→ **Records from a collection**:

┄┄┄┄┄┄┄┄┄┄

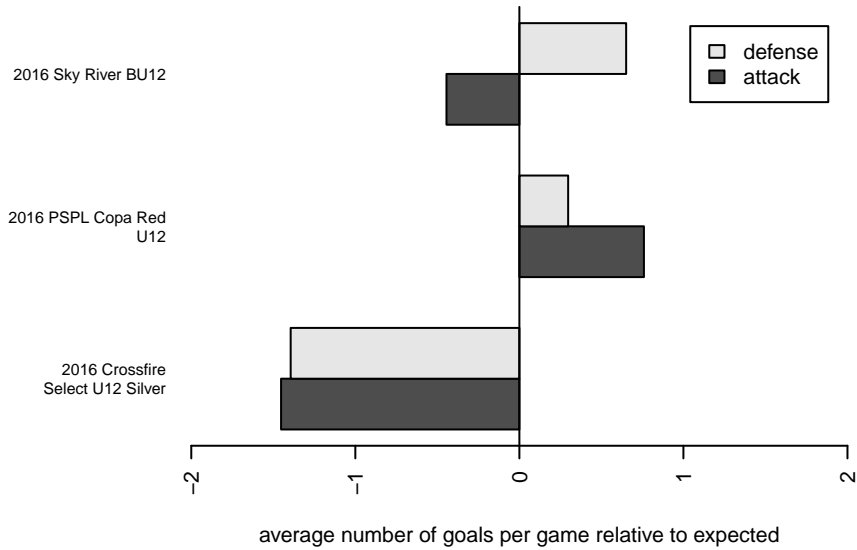

Gala FC B05

Gala FC
 Marysville, WA
 B05 total strength=544
 attack=0.7 defense=0.24
 fall league = PSPL Copa Red U12

alt names used:
 Gala FC 05
 Gala FC Bu12 05
 Gala FC [B05]

Venues played:
 2016 Crossfire Select U12 Silver
 2016 Sky River BU12
 2016 PSPL Copa Red U12

**attack and defense variance (black dot)
relative to other teams
and top 10 in region**

**attack and defense rating
relative to others at age
and all opponents in last 13 months**

Performance relative to 13 month average

┄┄┄┄┄┄┄┄┄┄

→ **The problem**: Each line carrying the string "PSPL" should be copied out from the entries.

→ **Solution below**:
 fall league = PSPL Copa Red U12
 2016 PSPL Copa Red U12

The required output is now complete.